Wednesday 17 June 2015

Supreme Court Confirms Document Means What It Says

I have to say it makes a refreshing change to read a report of a case where the court upholds an unjust result.  Judges quite rightly seek to do justice in the cases that come before them when it is open to them to do so, but sometimes the principles of freedom of contract and commercial certainty mean that when a party has made a bad bargain, he will be held to it.

That was what happened in Arnold v Britton & others [2015] UKSC 36.  91 long leases were granted of chalets in a holiday park on the Gower Peninsula in South Wales, 25 of which contained a service charge provision in the following terms (with minor variations):

"To pay to the Lessor without any deductions in addition to the said rent as a proportionate part of the expenses and outgoings incurred by the Lessor in the repair maintenance renewal and renewal of the facilities of the Estate and the provision of services hereinafter set out the yearly sum of Ninety Pounds and Value Added tax (if any) for the first Year of the term hereby granted increasing thereafter by Ten Pounds per hundred for every subsequent year or part thereof."

21 of such leases were granted between 1977 and 1991.  The other 70 leases had been granted between 1974 and 1977 and provided for the service charge to increase by 10% every 3 years rather than every 1 year.  4 of those 70 were then varied between 1988 and 2002 to provide for the yearly rather than 3 yearly increases.  Because of the compounding effect of the wording over the 99 year term of the leases, by expiry of all the leases in 2072 those with yearly increases would be paying over £550,000 per year by way of service charge, whilst those with 3 yearly increases would be paying about £1,900 per year.

The Lessees with the leases providing for yearly service charge increases therefore sought to challenge the service charge clause in the courts.  The County Court judge decided in their favour, interpreting the clause as meaning they had to pay a "proportionate part" of the costs to the Lessor, capped by the formula in the second part of the clause.  On appeal, the High Court judge, the Court of Appeal and the Supreme Court (by a 4 to 1 majority) all decided that the meaning of the clause was clear: that the Lessees had to pay a fixed service charge of £90 compounding by 10% yearly.  Only Lord Carnwarth in the Supreme Court disagreed, preferring the County Court judge's interpretation.

Lord Neuberger, giving the leading judgement in the Supreme Court, was clear that where the natural meaning of the words used by the parties was clear, there was no room for the court to depart from them by reference to principles such as commercial common sense: "while commercial common sense is a very important factor to take into account when interpreting a contract, a court should be very slow to reject the natural meaning of a provision as correct simply because it appears to be a very imprudent term for one of the parties to have agreed, even ignoring the benefit of wisdom of hindsight.

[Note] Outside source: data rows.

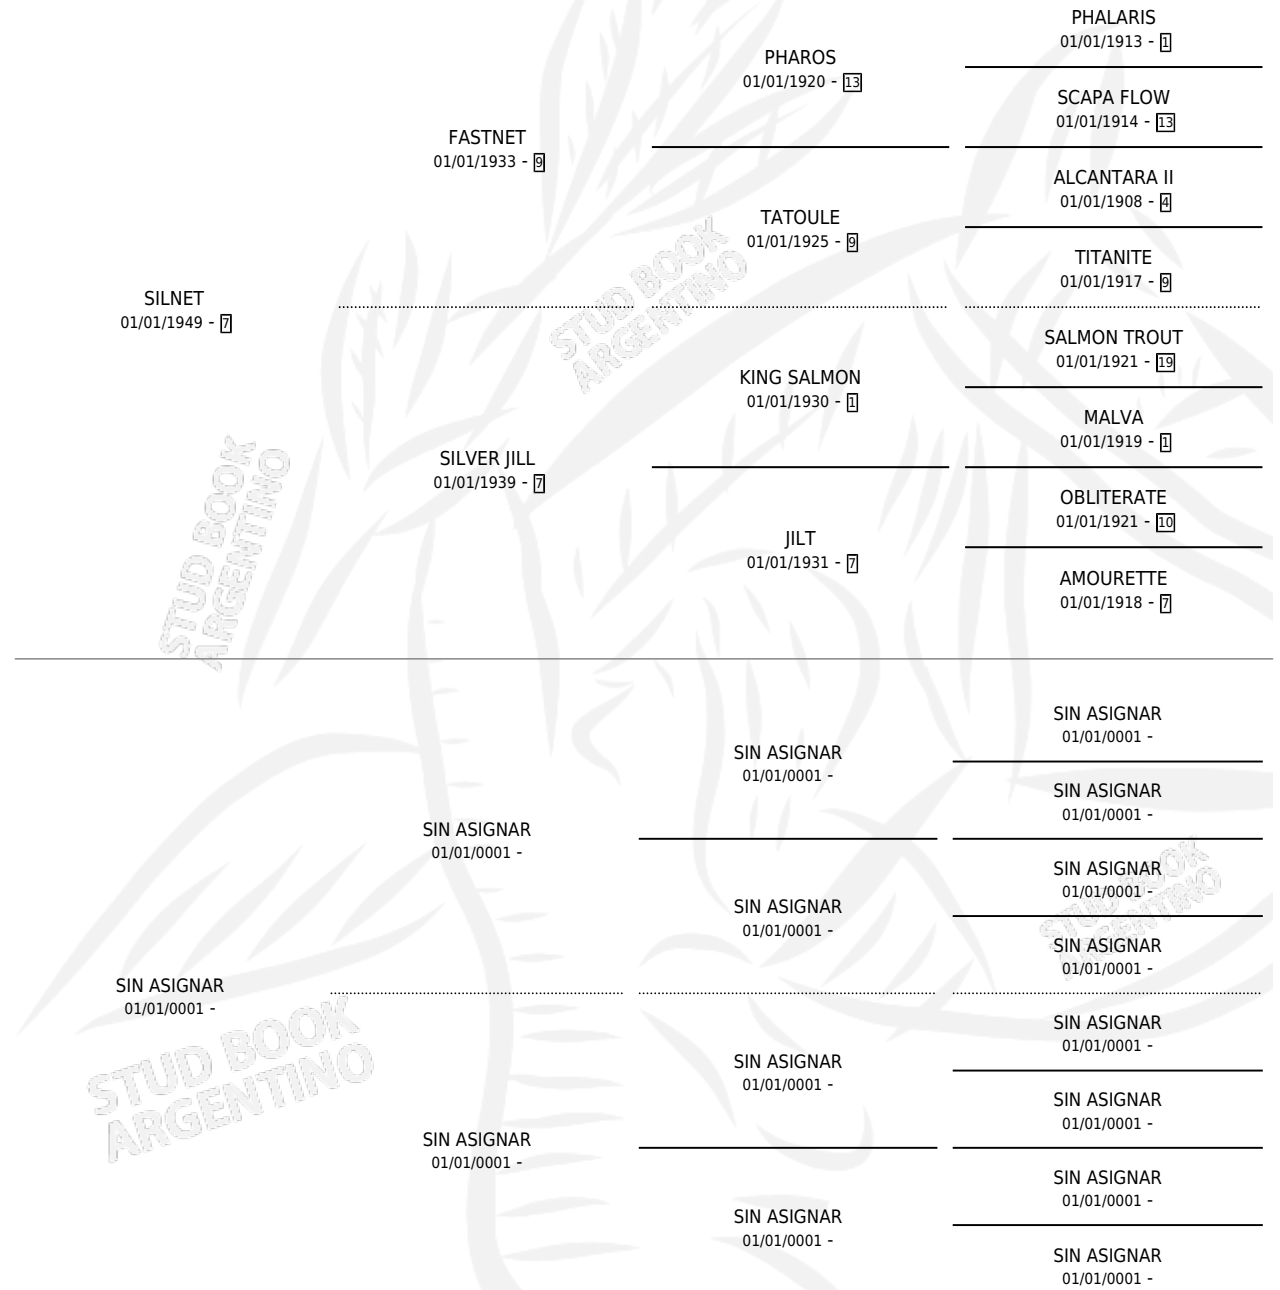

GRACILE

por SILNET y SIN ASIGNAR por SIN ASIGNAR

Argentina · Hembra · No Consigna · SP · 01/01/1964
Familia 2-n · Volumen 25

ESTADO

TIPIFICACIÓN SANGUÍNEA	X
TIPIFICACIÓN POR ADN	X
PASAPORTE	X
IDENTIFICACIÓN POR MICROCHIP	X
REPRODUCTOR	X

Lugar de nacimiento: Campo particular

Criador: Sin dato

~

HIJOS

	MACHOS	HEMBRAS
1 NACIERON	0	1
SIN ACTUACIONES		

PEDIGREE

GRACILE

Datos oficiales del Stud Book Argentino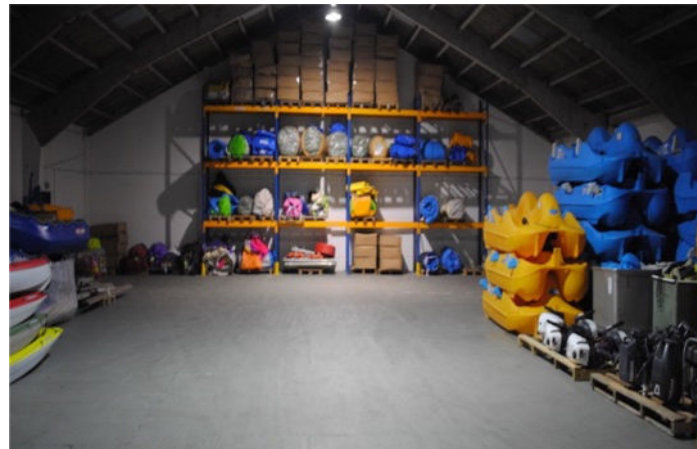

4000 m² d'entrepôts sur place contenant des stocks disponibles toute l'année

Montage et suivi 100% par nos soins

Une équipe mobilisée pour la réussite de vos projets

Arnaud COMYN : arnaud.comyn@boaz-concept.fr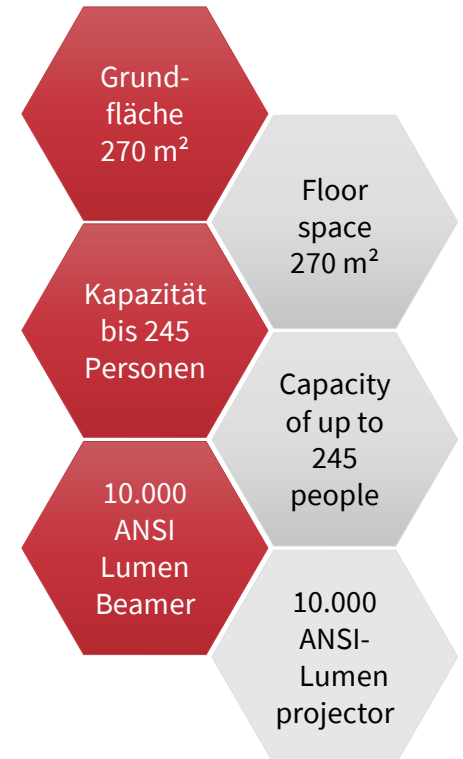

HOLM_MAX 2 LEVEL 0

- Zubuchbare Leistungen / *Additional services*
  - ✓ Kunden W-LAN Netzwerk / *Customer Wifi network*
  - ✓ Weitere Veranstaltungstechnik und Betreuung / *Further event technology and support*
  - ✓ Möblierung und sonstige Ausstattung / *Furnishing and other equipment*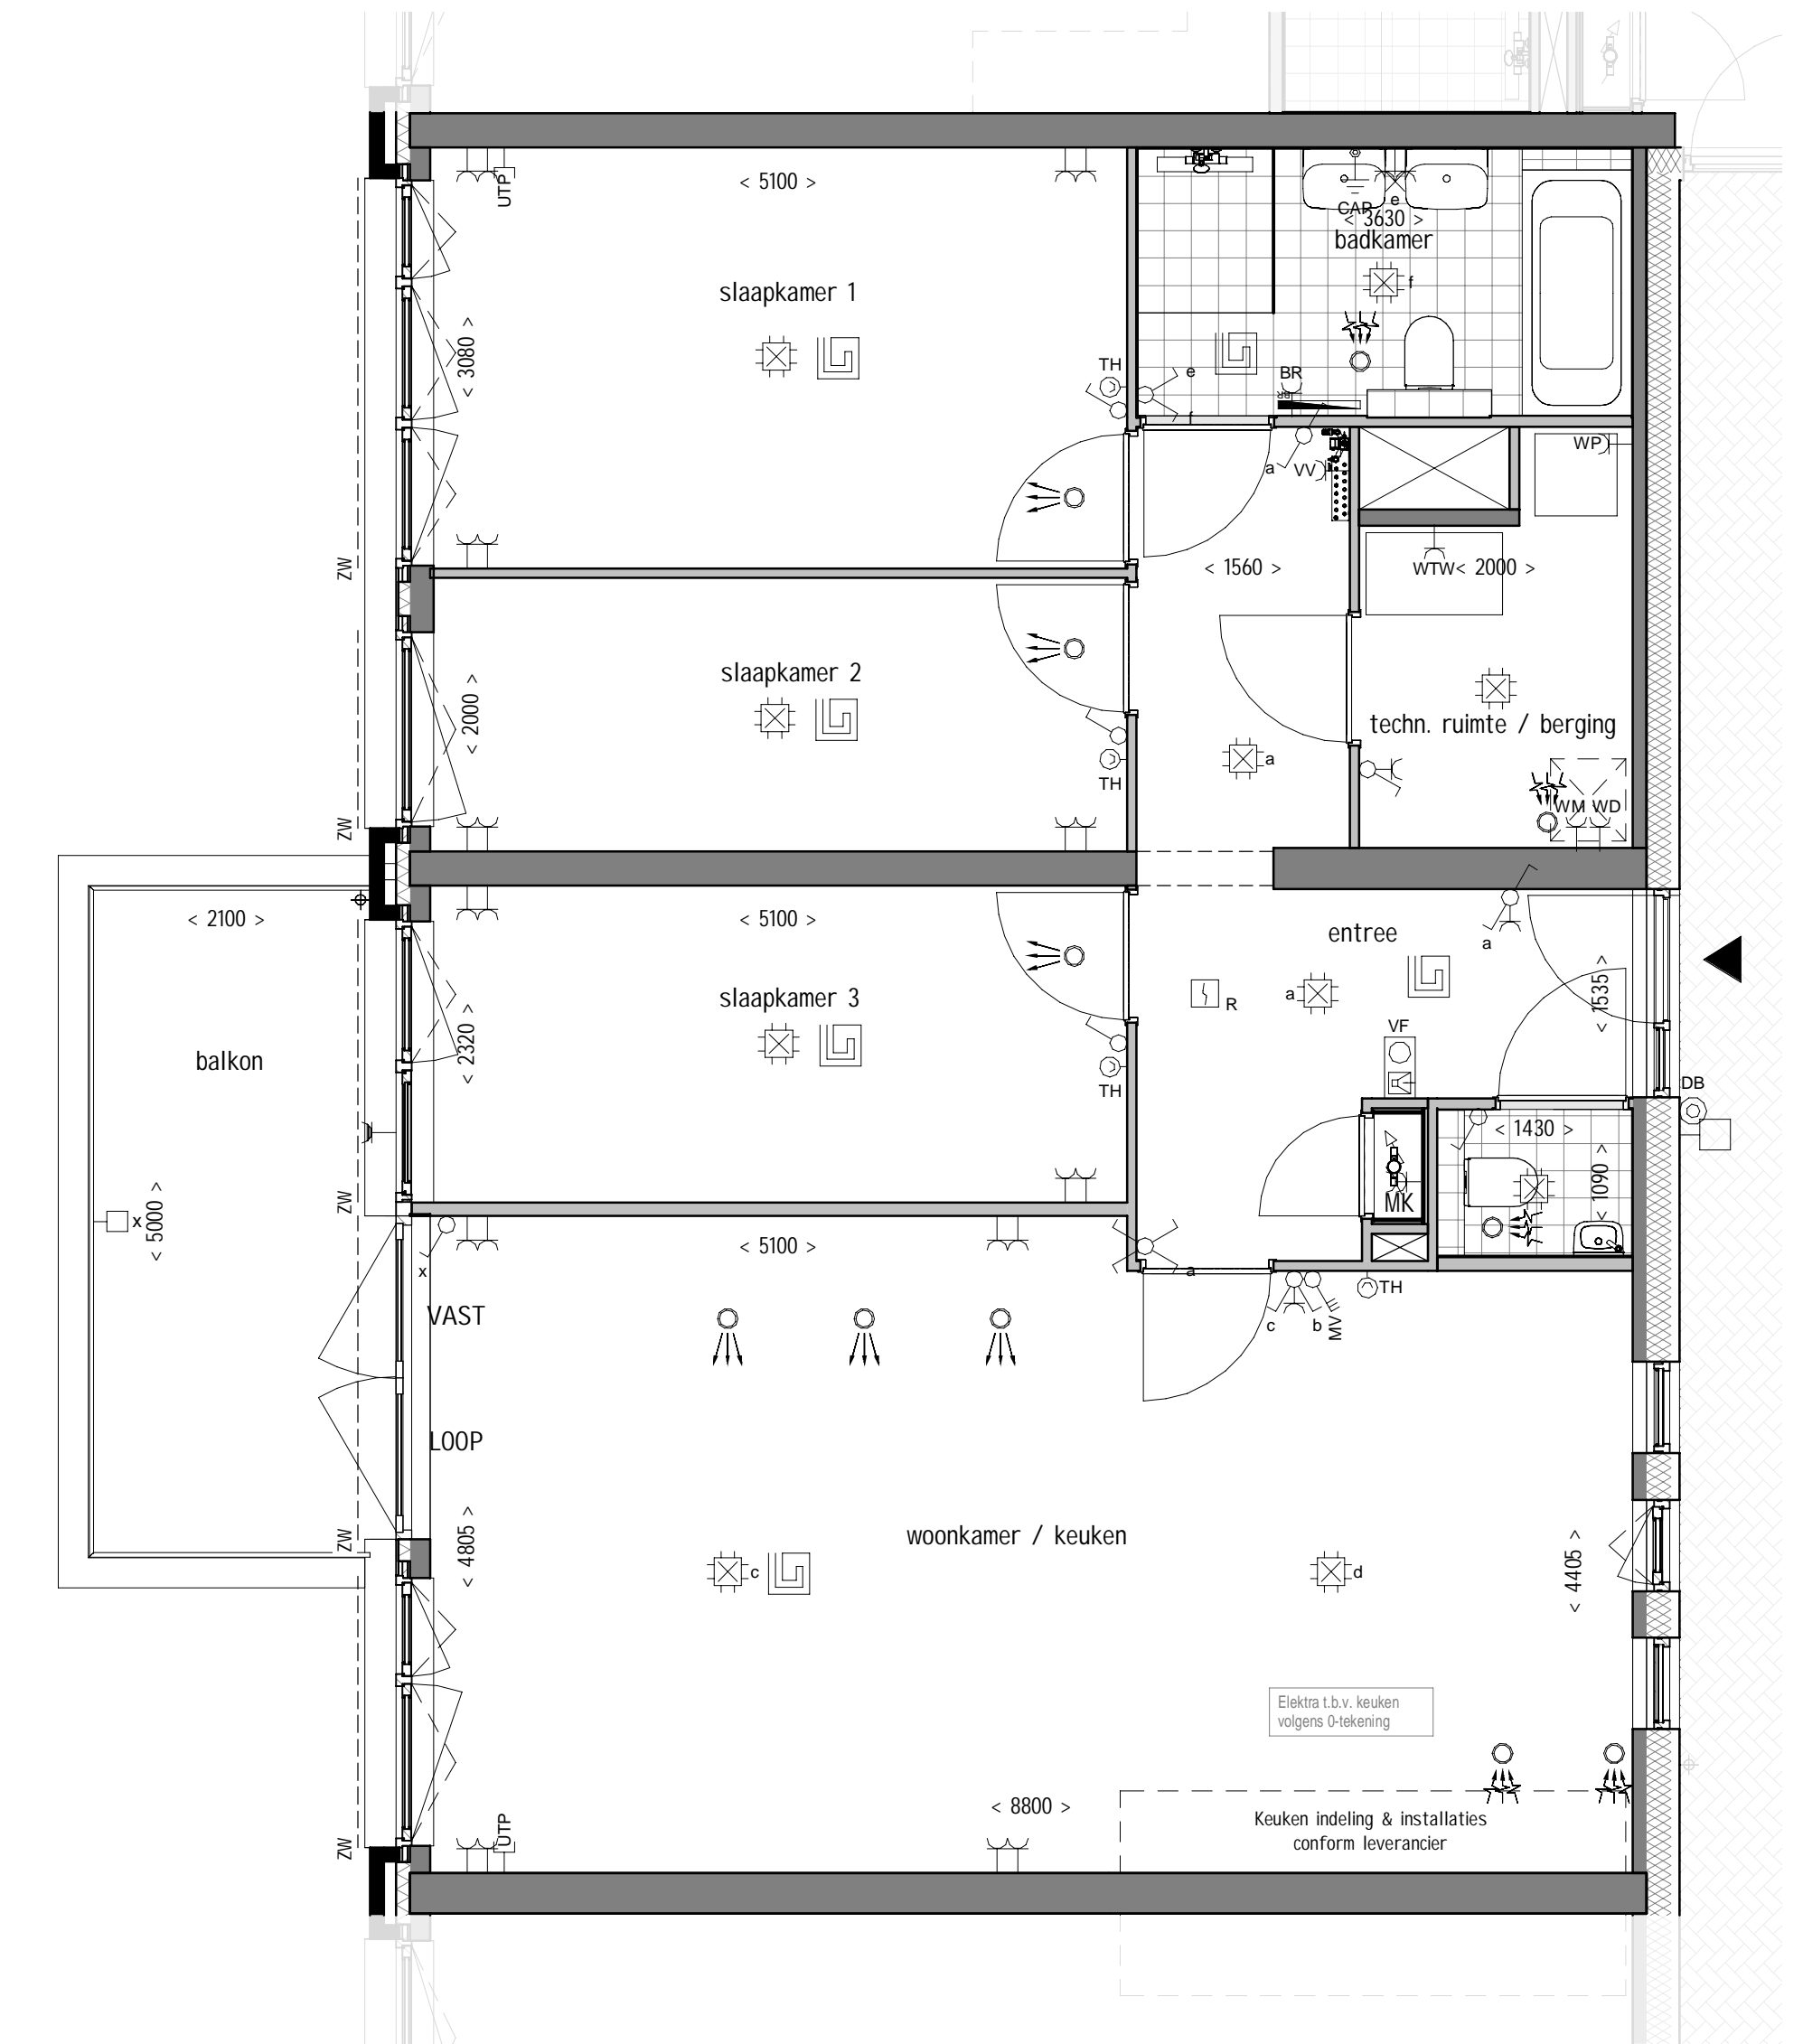

Optie 1 - 05.32.100
Slaapkamers samenvoegen

Optie 2 - 05.32.110
Slaapkamers samenvoegen +
inloopkast

Optie 05.60.100
Badkamerindeling met ligbad

project
Zuidelijk Poortgebouw
Landgoed Wickevoort te Cruquius

formaat 420x925
schaal 1 : 50
datum 15-06-2022
fase Verkooptekeningen

onderwerp
type H
verkoop opties

projectnr.
1119056
tekeningnr.
VK-H-opties

The purpose of interpretation is to identify what the parties have agreed, not what the court thinks that they should have agreed. Experience shows that it is by no means unknown for people to enter into arrangements which are ill-advised, even ignoring the benefit of wisdom of hindsight, and it is not the function of a court when interpreting an agreement to relieve a party from the consequences of his imprudence or poor advice. Accordingly, when interpreting a contract a judge should avoid re-writing it in an attempt to assist an unwise party or to penalise an astute party."

He also pointed out that the purpose of a fixed service charge clause was to provide certainty and avoid arguments over the lessor's actual expenditure and its reasonableness, and that inflation had been running at well over 10% per annum between 1974 and 1981, and over 15% per annum for six of those eight years; although it was less than 10% per annum after 1981.  In other words, although it was ill-advised for the then lessees to have entered into leases in such terms, it was understandable in the circumstances of the time.

The Lessor had also (perhaps wisely) indicated that she was prepared to renegotiate the 25 leases to a formula linked to the Consumer Price Inflation index, so a just result may ultimately be achieved.

It is good to be able to advise clients that the clear words of their contracts will be enforced by the courts if necessary.  The tricky bit, of course, is knowing when the words are clear.  8 out of 10 learned judges thought they were perfectly clear in this case, but 2 thought they were sufficiently unclear to permit an alternative interpretation.  Does that mean they were only 80% clear?